WHAT IS EXPECTED:
For each line in the data below that holds "Residencial", return a copy.

DATA LISTING:
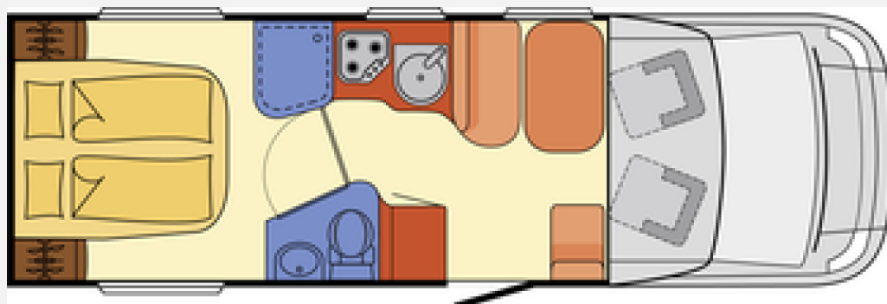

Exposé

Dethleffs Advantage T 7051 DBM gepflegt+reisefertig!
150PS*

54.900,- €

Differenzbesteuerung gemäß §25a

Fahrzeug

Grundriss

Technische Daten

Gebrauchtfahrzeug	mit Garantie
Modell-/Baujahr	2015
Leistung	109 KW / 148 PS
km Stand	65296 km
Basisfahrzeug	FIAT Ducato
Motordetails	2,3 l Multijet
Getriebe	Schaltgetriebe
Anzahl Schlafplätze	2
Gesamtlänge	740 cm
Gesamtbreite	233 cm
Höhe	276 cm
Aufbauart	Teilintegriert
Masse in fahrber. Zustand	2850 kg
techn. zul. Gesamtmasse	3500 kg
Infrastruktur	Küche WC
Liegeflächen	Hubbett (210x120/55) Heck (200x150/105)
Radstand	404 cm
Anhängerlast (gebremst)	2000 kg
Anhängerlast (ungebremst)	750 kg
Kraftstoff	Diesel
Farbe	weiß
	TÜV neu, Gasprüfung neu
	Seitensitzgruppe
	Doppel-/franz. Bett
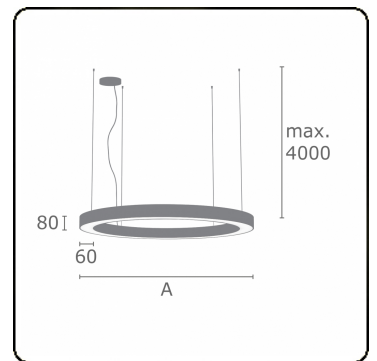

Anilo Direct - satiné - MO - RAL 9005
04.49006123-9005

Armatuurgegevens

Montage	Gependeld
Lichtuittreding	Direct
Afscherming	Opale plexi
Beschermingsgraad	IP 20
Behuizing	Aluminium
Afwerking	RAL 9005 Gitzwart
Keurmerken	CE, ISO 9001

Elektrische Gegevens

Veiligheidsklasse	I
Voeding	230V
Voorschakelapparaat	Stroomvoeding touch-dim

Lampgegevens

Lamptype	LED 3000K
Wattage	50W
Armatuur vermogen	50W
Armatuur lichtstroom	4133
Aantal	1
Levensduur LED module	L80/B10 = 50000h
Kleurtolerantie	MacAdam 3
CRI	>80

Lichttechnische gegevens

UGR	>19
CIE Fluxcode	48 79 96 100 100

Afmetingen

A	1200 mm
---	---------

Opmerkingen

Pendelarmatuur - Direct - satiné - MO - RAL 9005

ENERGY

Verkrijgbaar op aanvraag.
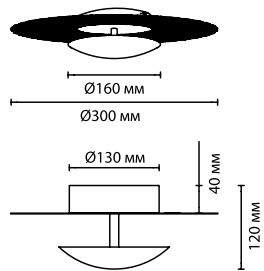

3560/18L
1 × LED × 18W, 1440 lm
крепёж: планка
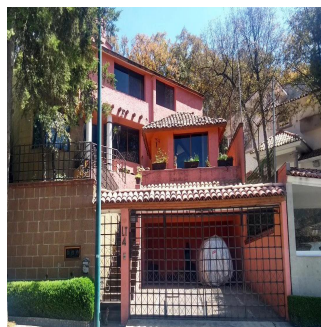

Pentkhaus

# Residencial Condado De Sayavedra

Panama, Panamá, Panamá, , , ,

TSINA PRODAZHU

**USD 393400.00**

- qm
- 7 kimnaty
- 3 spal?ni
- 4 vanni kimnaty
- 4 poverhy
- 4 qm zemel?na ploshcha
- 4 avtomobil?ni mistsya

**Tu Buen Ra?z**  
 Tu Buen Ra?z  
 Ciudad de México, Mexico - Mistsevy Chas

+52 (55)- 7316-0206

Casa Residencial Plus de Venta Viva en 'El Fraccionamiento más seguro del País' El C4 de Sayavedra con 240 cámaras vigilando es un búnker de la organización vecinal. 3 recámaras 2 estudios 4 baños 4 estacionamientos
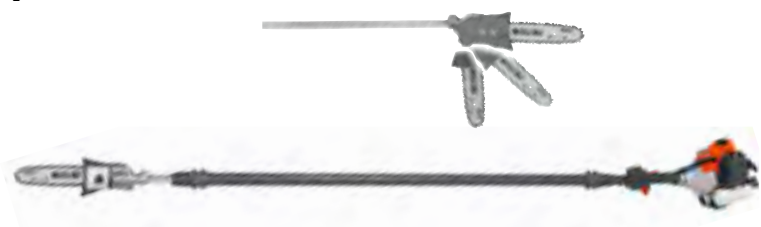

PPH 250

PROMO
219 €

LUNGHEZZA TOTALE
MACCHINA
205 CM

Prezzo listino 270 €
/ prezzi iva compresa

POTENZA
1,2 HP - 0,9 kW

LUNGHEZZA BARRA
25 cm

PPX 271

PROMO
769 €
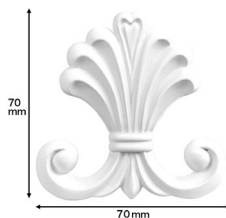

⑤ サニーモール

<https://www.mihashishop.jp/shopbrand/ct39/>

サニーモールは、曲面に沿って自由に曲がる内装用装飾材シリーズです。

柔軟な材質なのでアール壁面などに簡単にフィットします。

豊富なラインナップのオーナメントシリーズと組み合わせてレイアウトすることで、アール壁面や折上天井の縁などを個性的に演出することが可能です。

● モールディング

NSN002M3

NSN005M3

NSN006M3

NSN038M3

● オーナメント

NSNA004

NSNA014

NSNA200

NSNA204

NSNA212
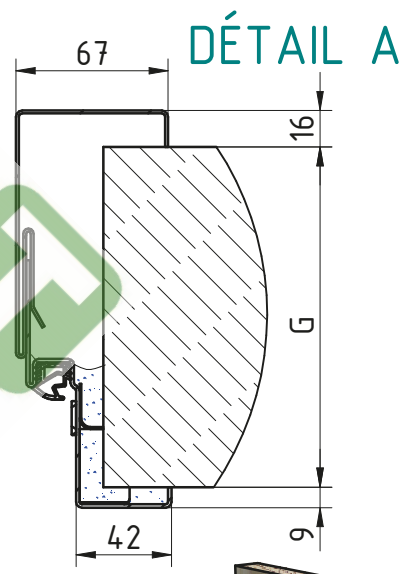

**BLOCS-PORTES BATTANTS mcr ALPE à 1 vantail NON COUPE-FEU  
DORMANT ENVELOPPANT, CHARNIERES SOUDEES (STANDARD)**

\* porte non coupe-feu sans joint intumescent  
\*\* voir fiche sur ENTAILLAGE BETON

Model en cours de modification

WRITTEN ANSWER:
# Residencial Condado De Sayavedra
Casa Residencial Plus de Venta Viva en 'El Fraccionamiento más seguro del País' El C4 de Sayavedra con 240 cámaras vigilando es un búnker de la organización vecinal. 3 recámaras 2 estudios 4 baños 4 estacionamientos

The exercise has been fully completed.